[Records from a collection]

**********

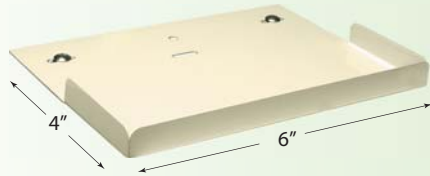

- Hang from PowerBars or shelf brackets

20" SwingStrip Beige

Part No.	In Stock	Price
PS-20A-SB	857	0.52

30" SwingStrip Beige

Part No.	In Stock	Price
PS-30A-SB	1280	0.70

- Hang from PowerBars or shelf brackets

Includes: 2 Wing Nut Hardware
2 Plastic Push Rivets

- Fasten to shelf edge holes

6" x 4" Shelf Extender Ivory

Part No.	In Stock	Price
SE-85	3500	1.08

Includes: 3 Wing Nut Hardware
3 Plastic Push Rivets

- Fasten to shelf edge holes

**********

Aim of the task: Whenever the string "Rivets" occurs in a line of the entries above, copy that line.

Answer:
2 Plastic Push Rivets
3 Plastic Push Rivets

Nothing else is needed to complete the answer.